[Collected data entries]
++++++++++

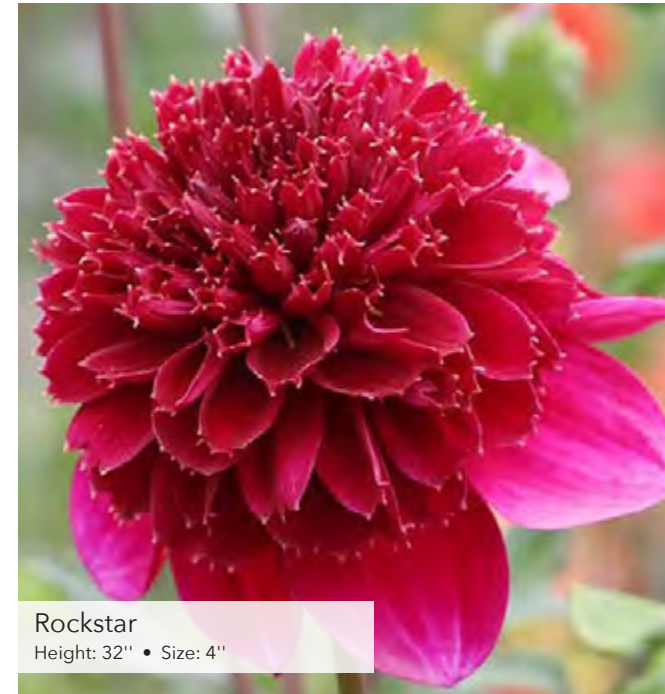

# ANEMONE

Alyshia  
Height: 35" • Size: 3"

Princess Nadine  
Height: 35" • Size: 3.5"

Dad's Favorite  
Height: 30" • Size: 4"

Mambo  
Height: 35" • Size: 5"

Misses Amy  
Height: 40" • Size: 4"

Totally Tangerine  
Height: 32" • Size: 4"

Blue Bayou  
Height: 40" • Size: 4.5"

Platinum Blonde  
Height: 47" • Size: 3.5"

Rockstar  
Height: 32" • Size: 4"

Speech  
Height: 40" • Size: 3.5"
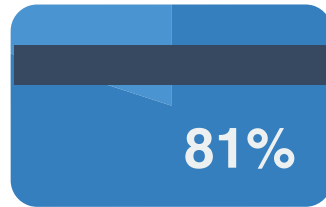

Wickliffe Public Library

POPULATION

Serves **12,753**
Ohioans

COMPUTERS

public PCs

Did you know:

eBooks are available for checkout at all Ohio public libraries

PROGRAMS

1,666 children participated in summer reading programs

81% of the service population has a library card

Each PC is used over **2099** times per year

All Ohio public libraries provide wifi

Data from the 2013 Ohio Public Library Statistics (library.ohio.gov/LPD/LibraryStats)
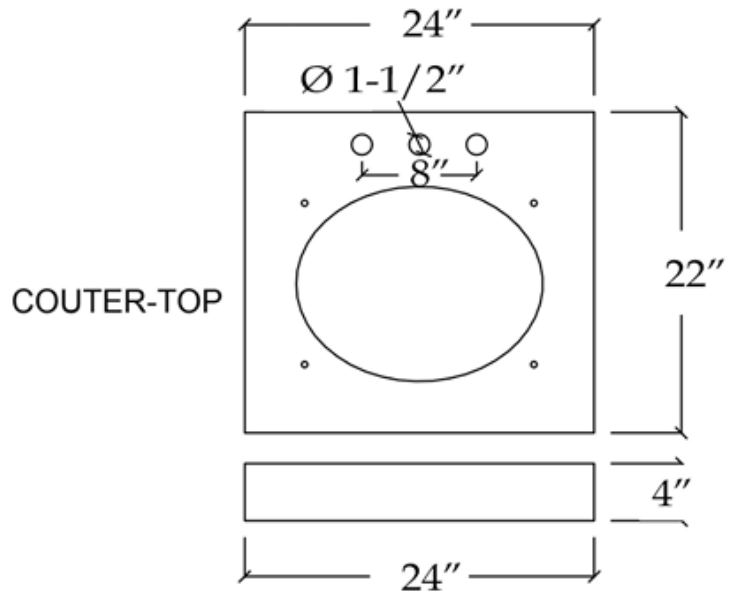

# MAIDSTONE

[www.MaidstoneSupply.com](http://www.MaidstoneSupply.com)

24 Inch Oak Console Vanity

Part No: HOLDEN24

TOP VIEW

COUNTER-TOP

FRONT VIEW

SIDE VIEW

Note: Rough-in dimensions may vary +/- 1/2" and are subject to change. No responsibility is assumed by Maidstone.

++++++++++

◆ Exercise goal: Show every line of the data that includes the string "Height".

◆ Response box:
Height: 35" • Size: 3"
Height: 35" • Size: 3.5"
Height: 30" • Size: 4"
Height: 35" • Size: 5"
Height: 40" • Size: 4"
Height: 32" • Size: 4"
Height: 40" • Size: 4.5"
Height: 47" • Size: 3.5"
Height: 32" • Size: 4"
Height: 40" • Size: 3.5"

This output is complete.